**Task directions:**
Begin with the line containing "FE1423 Hurricane Mk.IIb seatbelts STEEL" and reproduce it and all later lines exactly, through the last line of the records. Add nothing else.

**Supplied data:**

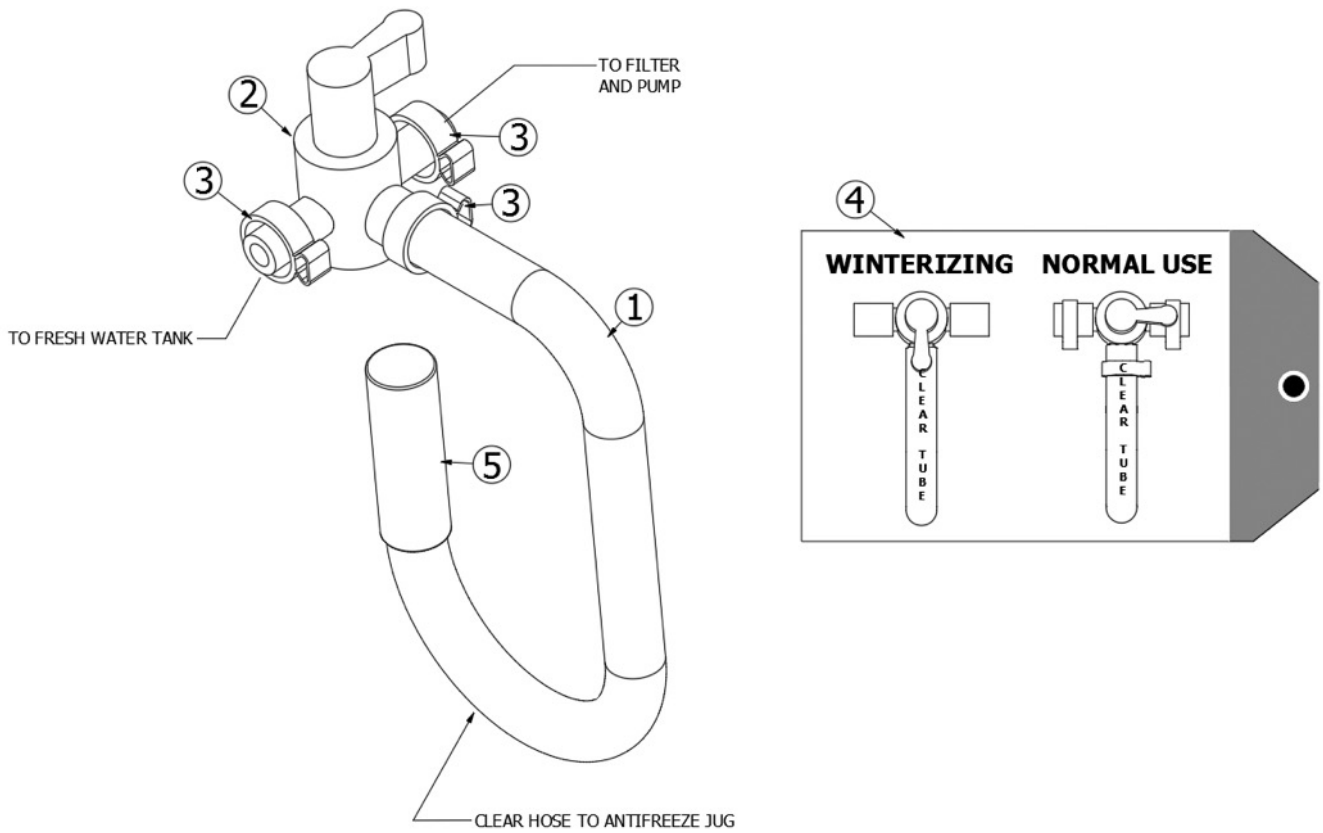

PLUMBING, FRESH WATER SYSTEM

Winterization Kit

112814

Winterization Kit Installation

1. 601240-01
2. 602711
3. 601698-15
4. 365453
5. 602801

Tubing 1/2 I.D. X 3/32 Wall Thick
Valve-3 Way Bypass .5" PEX #32788
1/2 CRIMP RING #14785
Tag-Instruction - Winterization Kit
Cap, 5/8" ID, Winterization Kit
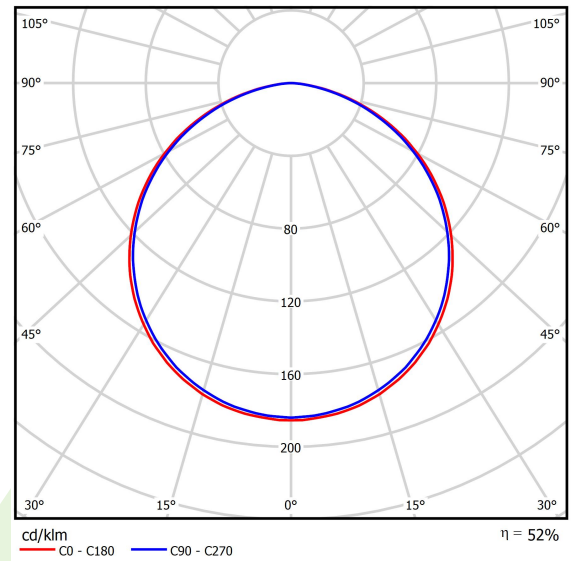

A graph of light
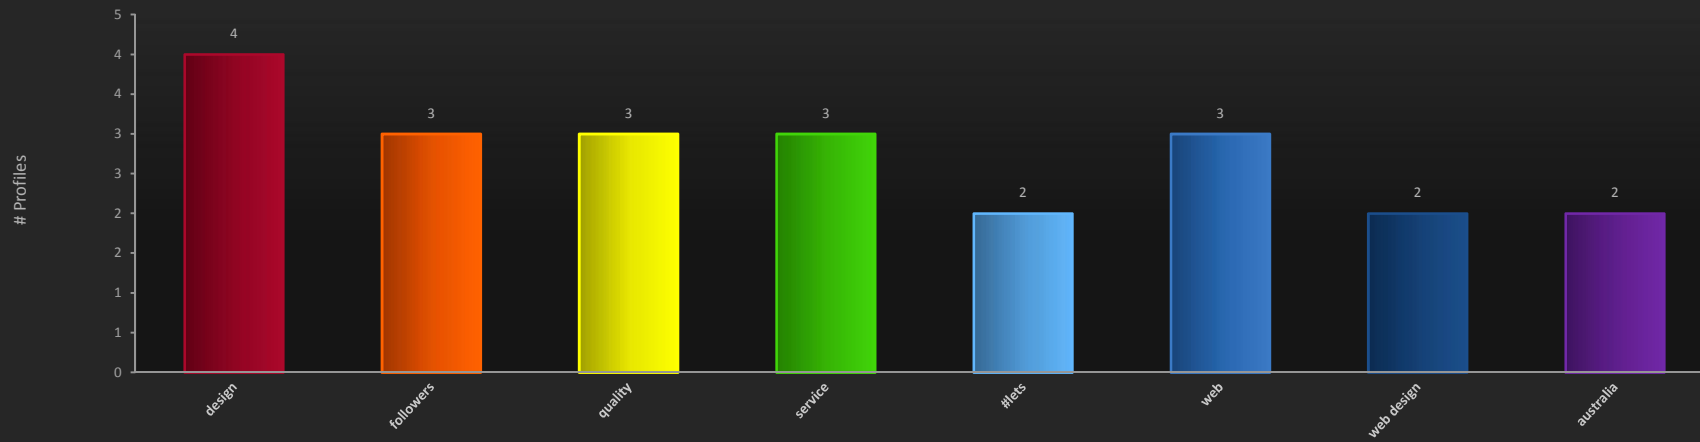

AUDIENCE SUMMARY

33,014

Followers

10,000

Followers in this Report

On average, your audience is followed by 30 people and follows 96 people.

100% of your audience has between 0 and 100 followers.

Your audience is included in other Twitter users' lists an average of 0 times. The top 1% has been listed an average of 0 times.

Audience Profile Analysis: Top Keywords

Audience Distribution by Date of Last Tweet

Audience by # Followers

Audience Klout Score Distribution

Highest Klout Score	80.3
Average Klout Score	39.4
Lowest Klout Score	12.9
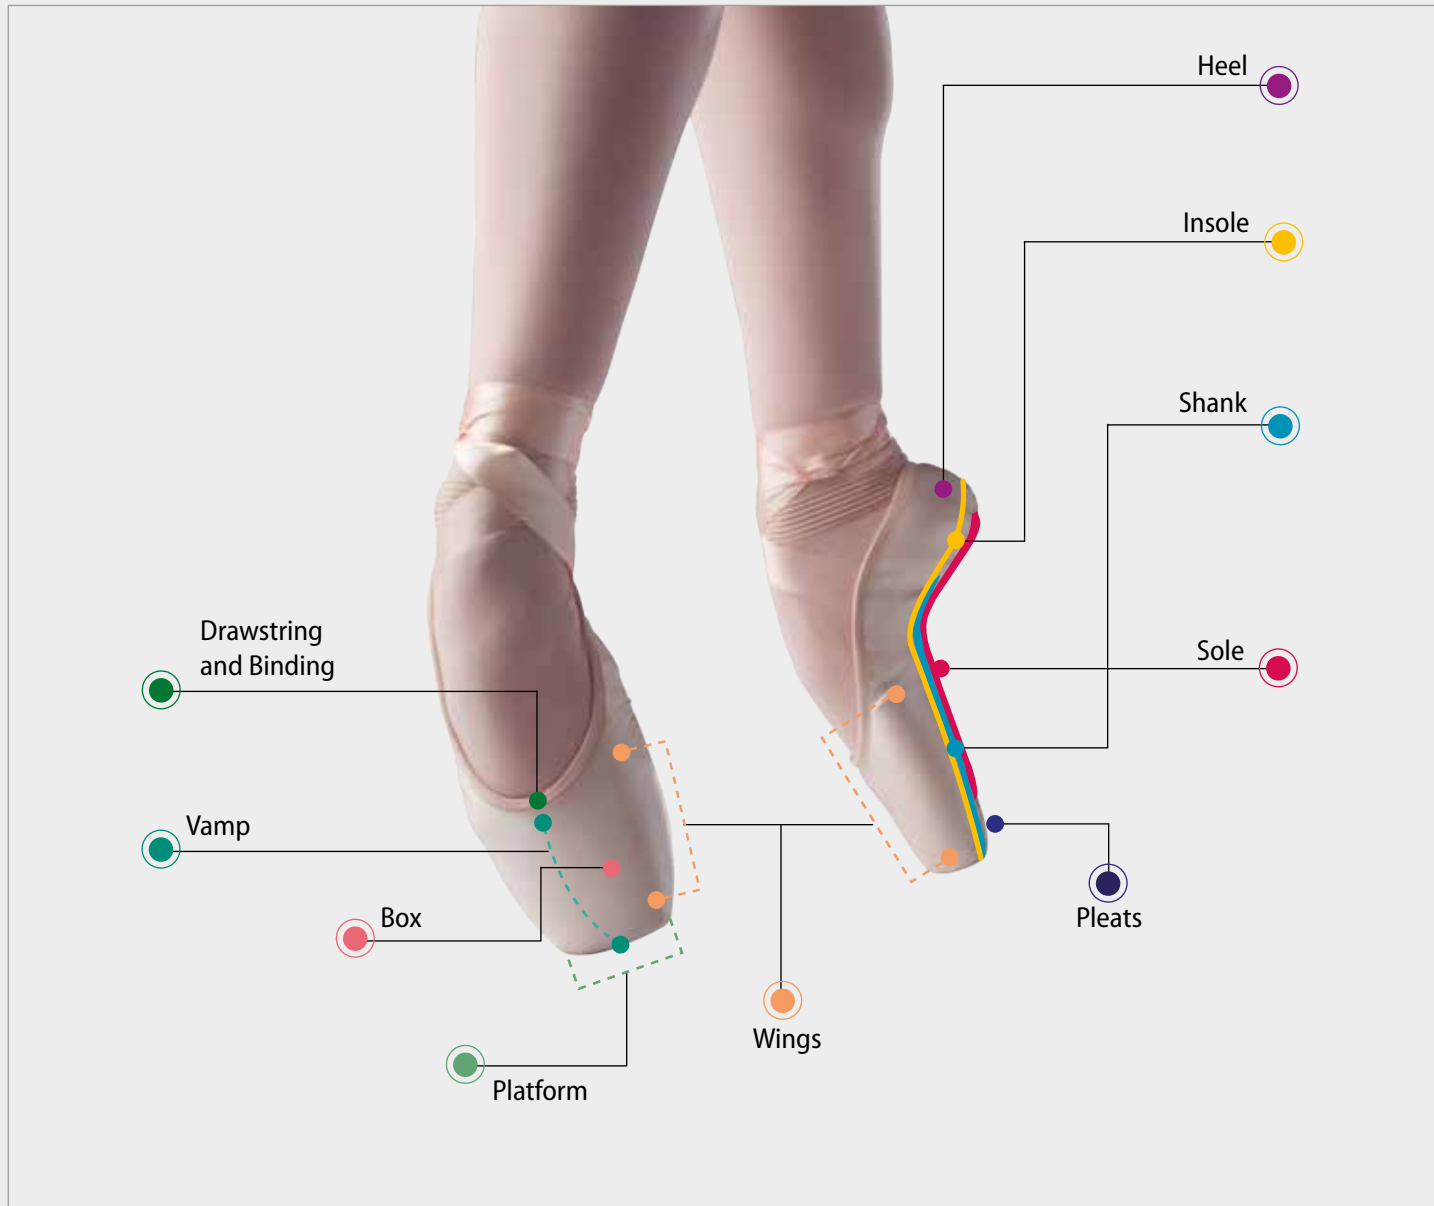

The Só Dança Step by Step and Traditional Pointe Shoes

NOTE:

The Só Dança pointe shoes come with a set of accessories as follow: Styles SD 08, SD 09, SD 31, SD 32, SD 40, SD 42, SD 43 contains: 2,5m (8 1/4') of satin ribbon, 30cm (1') of elastic and 2 leather platform protectors that should be glued on by the costumer. Styles SD 30 and SD 41 contains: 2,5m (8 1/4') of satin ribbon and 30cm (1') of elastic.

A WORD TO THE RETAILERS:

Our mission, as a manufacturer of Pointe shoes, is to provide a wide variety of shapes and sizes to all dancers so they may enjoy a correct and comfortable fit.
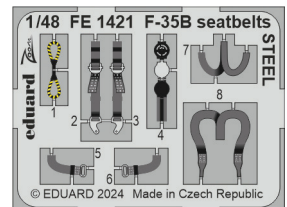

491420 F-35B
1/48 Tamiya

491422 Hurricane Mk.IIb
1/48 Arma Hobby

73819 P-400
1/72 Arma Hobby

FE1420 F-35B
1/48 Tamiya

FE1421 F-35B seatbelts STEEL
1/48 Tamiya

FE1422 Hurricane Mk.IIb
1/48 Arma Hobby

FE1423 Hurricane Mk.IIb seatbelts STEEL
1/48 Arma Hobby

**Solution below:**
FE1423 Hurricane Mk.IIb seatbelts STEEL
1/48 Arma Hobby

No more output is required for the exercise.